**REQUIRED WORK**
Transcribe the lines below exactly. No image belongs in the transcription.

►

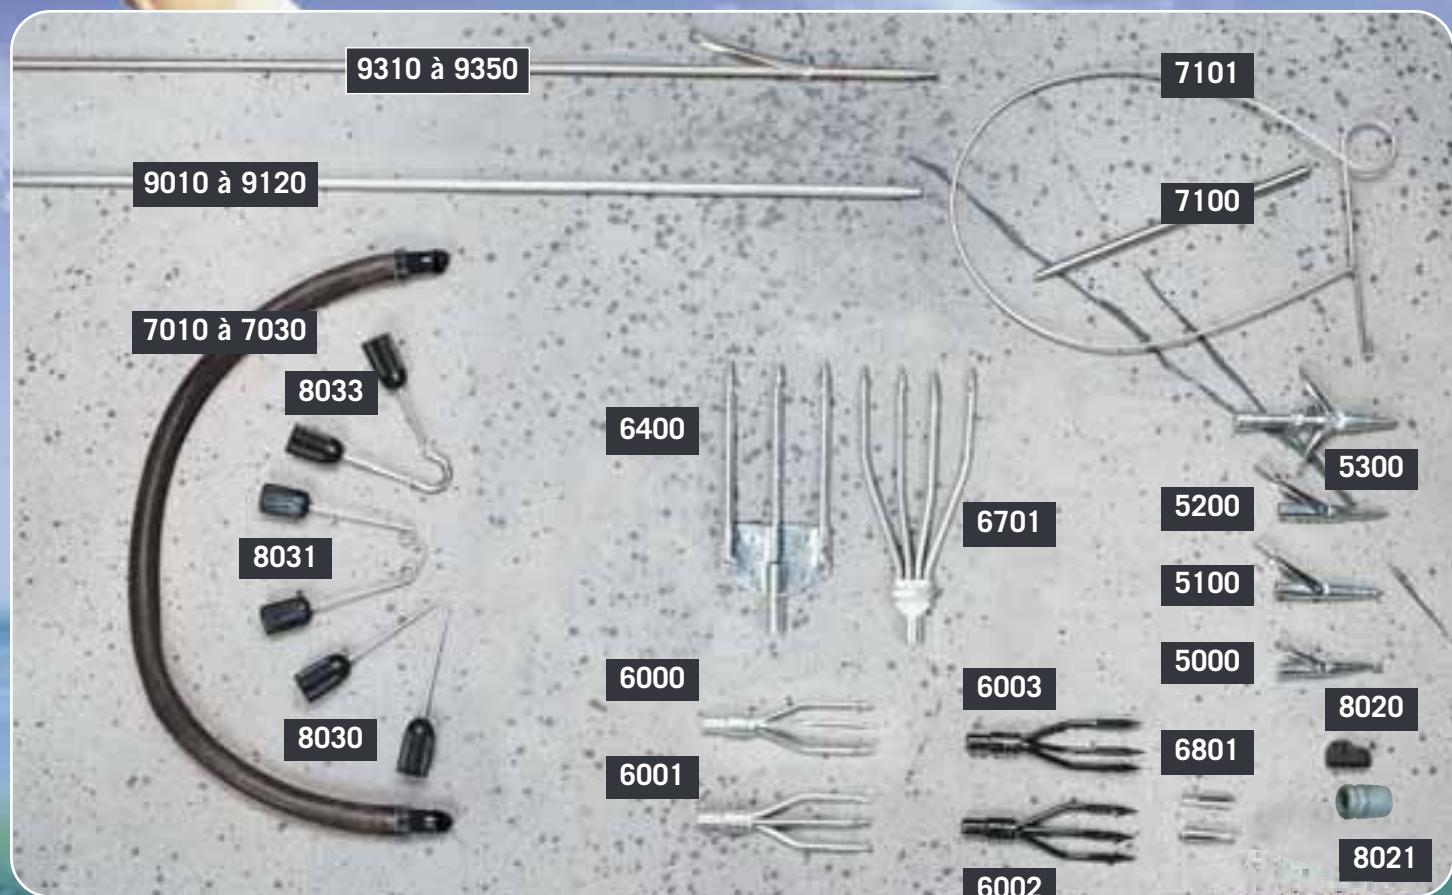

underwater fishing
CHASSE SOUS-MARINE

ARBALÈTES / SPEARGUNS CLASSIC

Tube D.28mm / 2 sandows para blonds / Flèche D.7mm vissée + pointe Obus standard / Tube D.28mm / 2 latex amber / Shaft D.7mm variable spear point / Standard stainless steel wishbone

8505 Tube long. 35 cm • 2 sandows 9 cm

Flèche 50 cm - fileté 7x100

8510 Tube long. 45 cm • 2 sandows 12 cm

Flèche 60 cm - fileté 7x100

8520 Tube long. 60 cm • 2 sandows 15 cm

Flèche 75 cm - fileté 7x100

8530 Tube long. 75 cm • 2 sandows 18 cm

Flèche 90 cm - fileté 7x100

8540 Tube long. 90 cm • 2 sandows 20 cm

Flèche 105 cm - fileté 7x100

SPORTLINE

Tube D.28mm/2 sandows noirs D.16mm/Flèche tahitienne D.6mm/Obus à ressort/Amortisseur/Talon de chargement/Tube D.28mm/2 black latex D.16mm/Tahitian shaft D.6 mm/Curled stainless steel wishbone/Shock absorber/Sternal support

8620 Tube long. 60 cm • 2 sandows 15 cm

Flèche 75 cm

8630 Tube long. 75 cm • 2 sandows 18 cm

Flèche 90 cm

8640 Tube long. 90 cm • 2 sandows 20 cm

Flèche 105 cm

8650 Tube long. 100 cm • 2 sandows 22 cm

Flèche 115 cm

FOËNE / HARPOON

8611 Manche bois

8612 Elastique 86 cm

pronged harpoon

7555 Paire de sangles couteau

luxes caoutchouc 45-50 cm

Natural rubber knives straps

COUTEAUX / KNIVES

7545 RORQUAL

Lame 12 cm / Etui rigide noir + sangles
Stainless Steel 12 cm blade / With black sheath and straps

7535 SHARK

Lame 8 cm / Acier inoxydable / Gaine nylon (stabs)
Stainless Steel 8 cm blade / Nylon webbing

7541 NEW SQUALE

Lame 11 cm démontable / Acier inoxydable
Coque rigide noire + sangles / Stainless Steel 11 cm blade / With black sheath and straps

7520 NEW WHALE

Lame 15 cm démontable / Acier inoxydable
Coque rigide + sangles / Stainless Steel 15 cm blade / With rigid sheath and straps

**FLECHE TAHITIENNE
TAHITIAN SHAFT Ø6,5**

9310 - long. 75 cm

9320 - long. 85 cm

9340 - long. 100 cm

9350 - long. 115 cm

**FLECHE STANDARD / SHAFT
Ø7**

9010 - long. 65 cm

9015 - long. 75 cm

9020 - long. 90 cm

9120 - long. 110 cm

Tous nos accessoires
sont filetés au pas de
6x100

**SANDOWS / RUBBER BANDS
Ø16**

7010 - l. 13 cm - la paire

7015 - l. 16 cm - la paire

7020 - l. 19 cm - la paire

7030 - l. 22 cm - la paire

5000 - Pointe ø8

5100 - Pointe ø9

5200 - Pointe ø9 - Baïonnette

5300 - Pointe double

ardillon démontable

6000 - Trident tiercé petit

modèle

6001 - Trident plat petit modèle

6002 - Trident plat fer forgé

6003 - Trident tiercé fer forgé

6400 - Trident électrique plat

6701 - Trident plat léger 4 dents

6801 - Adaptateur M : 6 x 100

- F : 7 x 100

6802 - Adaptateur M : 7 x 100

- F : 6 x 100

7100 - Accroche poissons stylet

7101 - Accroche poissons

corde à piano

8020 - Coulisseau plastique

8021 - Coulisseau galva Ø 7mm

8030 - Obus standard

8031 - Obus à ressorts

8033 - Obus articulé ogives

plastiques

7641 Torche noire étanche
12 diodes - 15 m - Bouton on/off
fonctionne avec 3 piles R20 non fournies
Black torch 12 diodes - 15 m water-
proof - Switch on/off

6004 Bouée de
signalisation
fournie avec
15 m de corde.
Signaling buoy
with 15 m rope

**CEINTURES/
BELTS**

7610 Ceinture
de lestage
polypropylène
Boucle inox
largage rapide

7620
Plomb 1 Kg

◄

**REPLY**
underwater fishing
CHASSE SOUS-MARINE

ARBALÈTES / SPEARGUNS CLASSIC

Tube D.28mm / 2 sandows para blonds / Flèche D.7mm vissée + pointe Obus standard / Tube D.28mm / 2 latex amber / Shaft D.7mm variable spear point / Standard stainless steel wishbone

8505 Tube long. 35 cm • 2 sandows 9 cm

Flèche 50 cm - fileté 7x100

8510 Tube long. 45 cm • 2 sandows 12 cm

Flèche 60 cm - fileté 7x100

8520 Tube long. 60 cm • 2 sandows 15 cm

Flèche 75 cm - fileté 7x100

8530 Tube long. 75 cm • 2 sandows 18 cm

Flèche 90 cm - fileté 7x100

8540 Tube long. 90 cm • 2 sandows 20 cm

Flèche 105 cm - fileté 7x100

SPORTLINE

Tube D.28mm/2 sandows noirs D.16mm/Flèche tahitienne D.6mm/Obus à ressort/Amortisseur/Talon de chargement/Tube D.28mm/2 black latex D.16mm/Tahitian shaft D.6 mm/Curled stainless steel wishbone/Shock absorber/Sternal support

8620 Tube long. 60 cm • 2 sandows 15 cm

Flèche 75 cm

8630 Tube long. 75 cm • 2 sandows 18 cm

Flèche 90 cm

8640 Tube long. 90 cm • 2 sandows 20 cm

Flèche 105 cm

8650 Tube long. 100 cm • 2 sandows 22 cm

Flèche 115 cm

FOËNE / HARPOON

8611 Manche bois

8612 Elastique 86 cm

pronged harpoon

7555 Paire de sangles couteau

luxes caoutchouc 45-50 cm

Natural rubber knives straps

COUTEAUX / KNIVES

7545 RORQUAL

Lame 12 cm / Etui rigide noir + sangles
Stainless Steel 12 cm blade / With black sheath and straps

7535 SHARK

Lame 8 cm / Acier inoxydable / Gaine nylon (stabs)
Stainless Steel 8 cm blade / Nylon webbing

7541 NEW SQUALE

Lame 11 cm démontable / Acier inoxydable
Coque rigide noire + sangles / Stainless Steel 11 cm blade / With black sheath and straps

7520 NEW WHALE

Lame 15 cm démontable / Acier inoxydable
Coque rigide + sangles / Stainless Steel 15 cm blade / With rigid sheath and straps

**FLECHE TAHITIENNE
TAHITIAN SHAFT Ø6,5**

9310 - long. 75 cm

9320 - long. 85 cm

9340 - long. 100 cm

9350 - long. 115 cm

**FLECHE STANDARD / SHAFT
Ø7**

9010 - long. 65 cm

9015 - long. 75 cm

9020 - long. 90 cm

9120 - long. 110 cm

Tous nos accessoires
sont filetés au pas de
6x100

**SANDOWS / RUBBER BANDS
Ø16**

7010 - l. 13 cm - la paire

7015 - l. 16 cm - la paire

7020 - l. 19 cm - la paire

7030 - l. 22 cm - la paire

5000 - Pointe ø8

5100 - Pointe ø9

5200 - Pointe ø9 - Baïonnette

5300 - Pointe double

ardillon démontable

6000 - Trident tiercé petit

modèle

6001 - Trident plat petit modèle

6002 - Trident plat fer forgé

6003 - Trident tiercé fer forgé

6400 - Trident électrique plat

6701 - Trident plat léger 4 dents

6801 - Adaptateur M : 6 x 100

- F : 7 x 100

6802 - Adaptateur M : 7 x 100

- F : 6 x 100

7100 - Accroche poissons stylet

7101 - Accroche poissons

corde à piano

8020 - Coulisseau plastique

8021 - Coulisseau galva Ø 7mm

8030 - Obus standard

8031 - Obus à ressorts

8033 - Obus articulé ogives

plastiques

7641 Torche noire étanche
12 diodes - 15 m - Bouton on/off
fonctionne avec 3 piles R20 non fournies
Black torch 12 diodes - 15 m water-
proof - Switch on/off

6004 Bouée de
signalisation
fournie avec
15 m de corde.
Signaling buoy
with 15 m rope

**CEINTURES/
BELTS**

7610 Ceinture
de lestage
polypropylène
Boucle inox
largage rapide

7620
Plomb 1 Kg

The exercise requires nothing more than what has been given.